YOUR OBJECTIVE
Would you pull out every line of the material that contains the string "tvättställsblandare"?

MATERIAL SHOWN
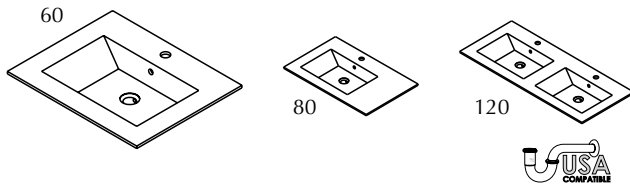

BASIN

- -GELCOAT basin with overflow.
- -Requires for installation valve **SAP100200010, 72 P.**
- -Lavabo GELCOAT con rebosadero.
- -Requiere válvula **SAP100200010, 72 P.**
- -Vasque en GELCOAT avec trop-plein.
- -Nécessaire clapet **SAP100200010, 72 P.**

MEASURES	FINISHES	SAP	POINTS
60,5x14,1x49,2 / 23^{7/8}x5^{1/2}x19^{3/8}	GELCOAT	100160956	0560
80,5x14,1x49,2 / 31^{3/4}x5^{1/2}x19^{3/8}		100160957	0582
120,5x14,1x49,2 / 47^{1/2}x5^{1/2}x19^{3/8}		100171860	0981
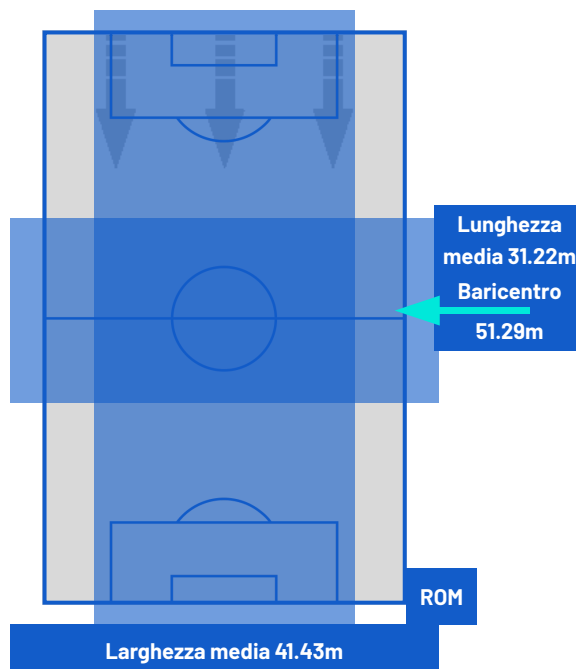

BARICENTRO 2° TEMPO
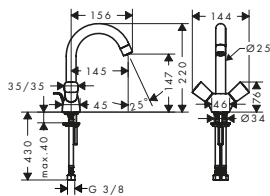

2-grepps tvättställsblandare 150 med svängbar pip och lyftventil

- ComfortZone 150
- överhäng 145 mm
- svängningsområde 120°
- stråltyp: normalstråle
- flödesmängd vid 3 bar: 5 l/min
- med keramikventiler varmt/kallt 90°
- med lyftventil
- material bottenventil: syntetisk
- ljudklass: I
- flödesklass: O
- STA 1424

8258307

71222000

1.034,30

1.293,00

alternativa produkter:

- 2-grepps tvättställsblandare 150 med svängbar pip, utan bottenventil

8258308

71221000

976,50

1.221,00
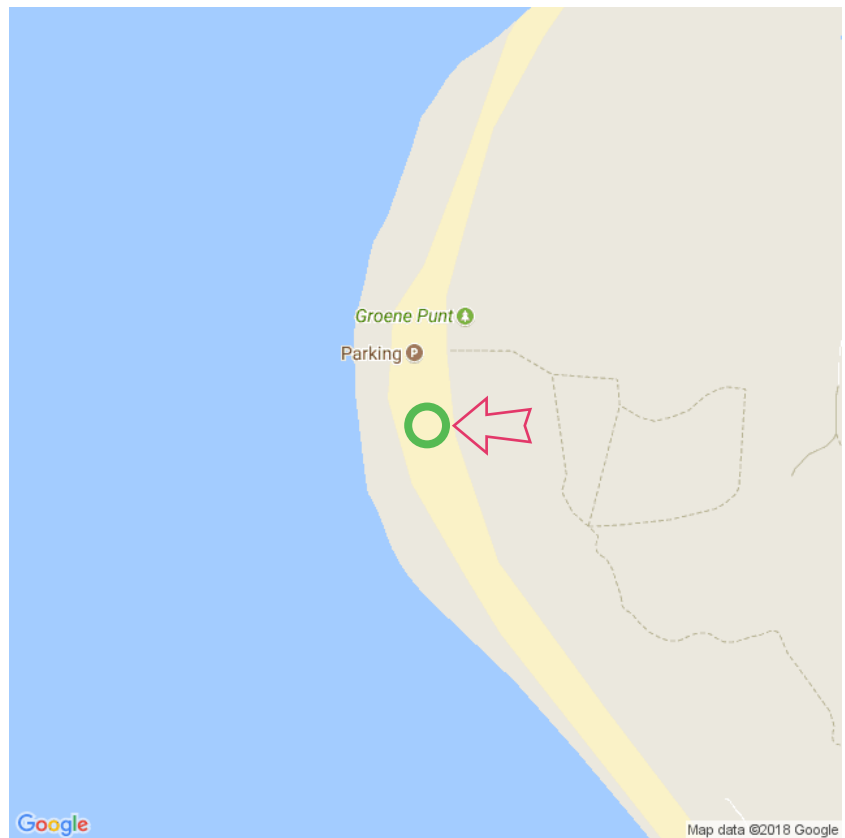

Rockanje

Rockanje

Rockanje
Lat: 51.886796
Long: 4.030781

Rockanje (16-01-2018)

1

Aan de gegevens die hier staan kunnen geen rechten ontleend worden. De informatie op deze pagina zijn voor een groot deel afkomstig van bezoekers. Zie je fouten of heb je aanvullingen, help anderen en geef het door op naturismegids.nl
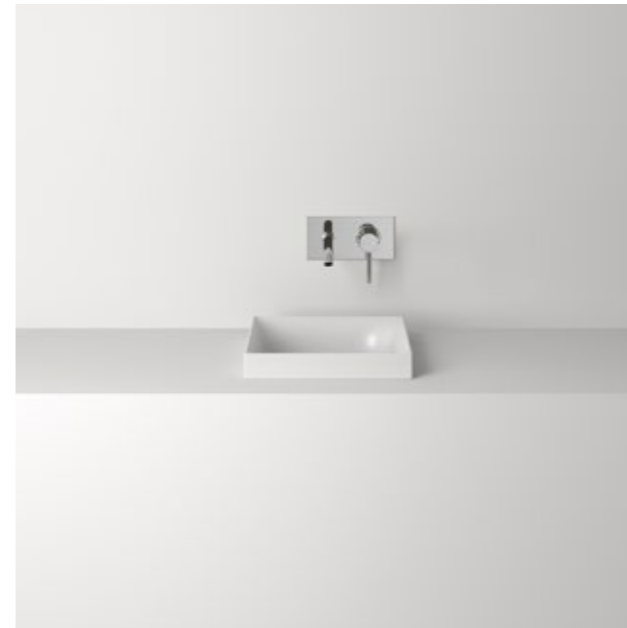

Ulm 330
Lavabo semincasso / In countertop washbasin
Art. 018191xx
330 X 330 X H50
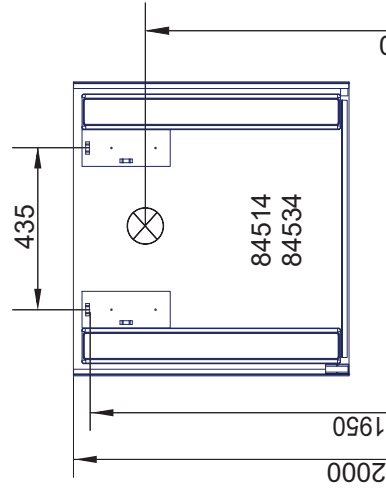

Mirrors Spiegelemente Linear und Karo Ambiente

Mirrors Spiegelemente Bohrmaße
18.12.2024 BJWI01 / CHBE01 / STZI01 S.2/6

Ansicht von hinten

amirrors.ai

Maßangaben in mm.

Änderungen vorbehalten.

Die vorgegebenen Maße sind unverbindlich, vor Ort zu prüfen und stellen nur eine Empfehlung dar.

FAKELMANN GmbH + Co. KG

Sebastian-Fackelmann-Str. 6

91217 Hersbruck • Deutschland

Tel.: 09151/811-0 • FAX: 09151/811-294

Servicetelefon: 09151/811-206

www.fackelmann.de

OFF = Oberkante fertiger Fußboden
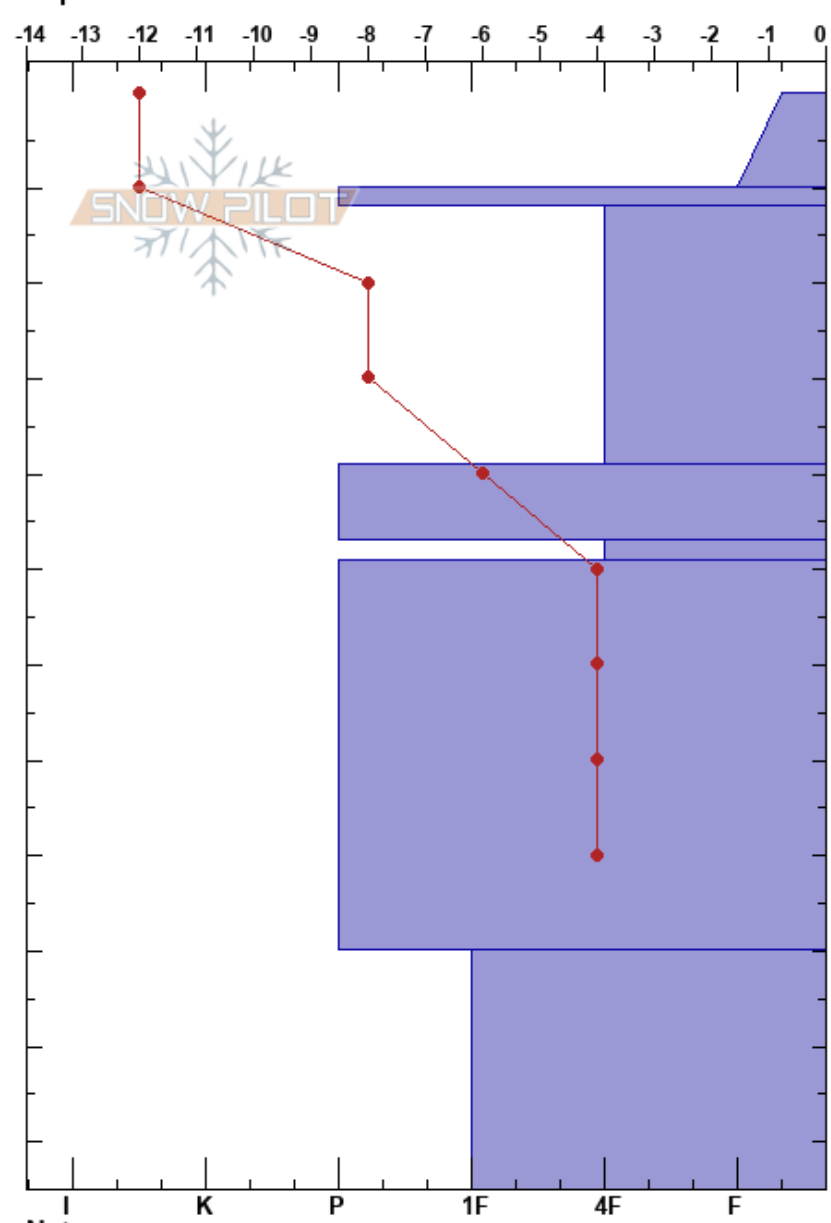

La Laguna 1980 agus/wan  
 Cerro Cathedral  
 Argentina  
 Elevación: 1982 m  
 Exposición: S  
 Específicas:

CENTRO DE INFORMACION DE AVIACION BARILOCHE CIPF: 15  
 21/06/2022 - 11:15  
 Coordinada: -41.18088S, -71.46770W  
 Ángulo de inclinación: 25°  
 Carga del Viento:

Estabilidad: B  
 Temp. del aire: -12°C  
 Cielo: OVC  
 Precipitación: NO  
 Viento: E Calm

Notas del capas:  
 PS: 10 47-49cm: Problematic layer

Cristal	ρ		Pruebas de estabilidad y notas de capa
	Tipo	Tam	
•	0.1		
• (V)	0.1-0.1 (0.3)	D	
■	0.5	D-M	
•	0.1	D	
•	0.3	D	
△	4-8	D	
•	0.5	D-M	
♡	1	M

PROBLEM SOLUTION
2-grepps tvättställsblandare 150 med svängbar pip och lyftventil
- 2-grepps tvättställsblandare 150 med svängbar pip, utan bottenventil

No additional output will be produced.